Она дышит едва ли не ему в шею, прижимается тесно, пальцами за пряжку ремня на его брюках хватается цепко. Уверенно и далеко не в первый раз.
— Я знаю, — звучит явно довольно, с придыханием. Звучит на контрасте с его фразой; на том же контрасте, что и выражения их лиц: ее с широкой, почти издевательской улыбкой, его со сведенными бровями и темным взглядом.
Взгляд из-под ресниц на него поднимает. Пальцами под футболку, холодными пальцами, еще недавно сжимавшими так и нетронутый бокал Лонг Айленда, по животу. Он следит внимательно за каждым ее действием, взгляд с задержкой на нее поднимает, с ощутимой паузой.
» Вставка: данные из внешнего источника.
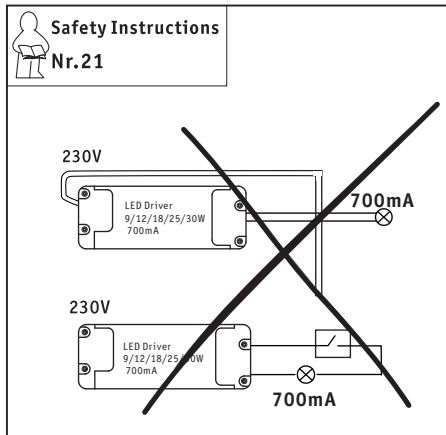

Art.-Nr.:
977.27 977.39
977.34 977.33
977.32

(+MA 197) 
PCE 02/14

LED Driver

<input checked="" type="checkbox"/>  Safety Instructions Nr.28a/b	<input type="checkbox"/>	Ta: -20...+50°C	<input type="checkbox"/>
<input type="checkbox"/>  Safety Instructions Nr.28b	<input checked="" type="checkbox"/>	TC: +80 (85)°C	<input type="checkbox"/>
 <p>230V PRI 700mA SEC</p>	 <p>7mm 14mm PRI</p>	<p><input checked="" type="checkbox"/> H03VVH2-F } 2x <input checked="" type="checkbox"/> H05VVH2-F } 0.75mm²</p> <p>min.H03VVH2-F 0.75mm²×2</p>	
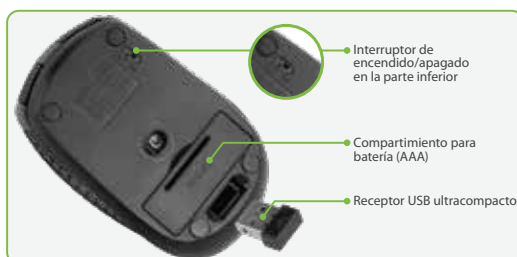

Klever

mouse inalámbrico

Inalámbrico de 2.4GHz

Ergonómico

Sensor óptico de 1600dpi

3D de 6 botones

Plug & Play

KMW-340BK

KMW-340RD

KMW-340BL

Maniobrabilidad sin límites, a tu alcance

El KMW-340 te da libertad de control sin necesidad de cables. Tiene un receptor ultracompacto que puede ser almacenado en el mouse o dejarse conectado al puerto USB de tu computadora. Este ratón, el cual se configura en forma automática, también cuenta con un interruptor de encendido para prolongar la duración de las pilas. El diseño ergonómico del ratón con acabado texturizado en ambos costados es ideal para personas con un estilo de vida activo.

Especificaciones

• Tipo	Mouse inalámbrico 3D de seis botones
• Tecnología	Sensor óptico de última generación
• Resolución CPI	Seleccionable de 1000/1200/1600 dpi
• Índice de transmisión USB	125 veces/seg
• Espectro de RF	2.4 GHz
• Distancia de RF	Hasta 10m en espacios despejados
• Tipo de batería	Batería tamaño AAA (incluidas)
• Requerimiento del sistema	Familia Windows y Mac OS Puerto USB disponible

В клубе душно, в клубе откровенно дышать нечем; и так много чужих, незнакомых людей, не имеющих не малейшего понятия, кто они такие. Алек сглатывает слюну, смотрит четко в глаза сестре. А Изабель подается чуть вперед, ближе, выдыхает в губы ему:
— Пойдем.
Где-то на грани уверенности и мольбы.
Она тянет его за собой; именно она, не он. Если бы была вдрызг пьяной, если бы была такой пьяной, как ему и писала в тех сообщениях, то соображала бы в разы лучше. У нее другой туман в голове, у нее в этом мороке слишком много грязи и чего-то настолько неправильно возведенного в абсолют, что ей плевать.
Это продолжается уже лет шесть, наверное. Плюс-минус пару месяцев.
Совесть давно похоронена и не беспокоит.
В туалет — женский, мужской, значения не имеет — они вваливаются, как и сотни людей до них в этом задрипанном клубе, как и сотни людей после них. Голова плывет, мысли плавятся. Он ее к стене прижимает с напором, кожей по грязному кафелю, его язык у нее во рту, его руки на ее теле. Освещение откровенно херовое, им откровенно на это плевать. Изабель ладонью за шею Алека крепко держит, ногтями свободной руки живот ему царапает, пальцами за ремень брюк держится. Он на ее шее, чуть выше руны, сине-фиолетовые метки оставляет. Она знает: у него на спине и плечах еще не зажили ее царапины, оставленные во время одного из слишком спешных перерывов в обед, на ключицах красуются ее засосы после пробуждения прошлым утром.
Взгляд у него тягучий, взгляд тяжелый и прижимающий к стене сильнее, чем его руки. У нее в барабанных перепонках, словно пробиваясь через вакуум, звук расстегивающейся пряжки, звук расстегивающейся молнии. Она себя чувствует дешевой шлюхой, пальцами забираясь под собственное платье, стягивая вниз стринги, переступая с ноги на ногу на своих этих проклятых шпильках, кусок ткани оставляя валяться на грязной плитке, пока он штаны спускает, разбирается с презервативом и вот уже тянет ее на себя, задирая края платья, заставляя ноги раздвинуть.
И каждый раз во время их секса Алек сам на себя не похож. В нем ни грамма осторожности и заботы не остается. Всякий раз берет ее грубо, всякий раз они будто права друг на друга заявляют. Это, наверное, своеобразный способ выживания. У него планка падает от ощущений внутри нее, он буквально втрахивает ее в грязную поверхность кафеля, он буквально дерет ее, дышит практически ей в рот. Изабель руками за него цепляется до сведенных мышц, голову назад запрокидывает, дышит рвано через рот. Кажется, она слышит, как у нее кости хрустят от того, как он вжимает ее в стену. Она чувствует себя бухой вхлам, чувствует себя дешевой шлюхой, когда кто-то хлопает дверью в туалет. И даже слышит что-то напоминающее «роскошная шкура досталась», у нее кровь в висках долбит. У Алека и подавно; если бы он слышал, то сказавший эту фразу уже бы со свернутой шеей валялся где-то в стороне бара. Она стонет. Шумное дыхание сменяет на стоны, руками сильнее за него цепляясь.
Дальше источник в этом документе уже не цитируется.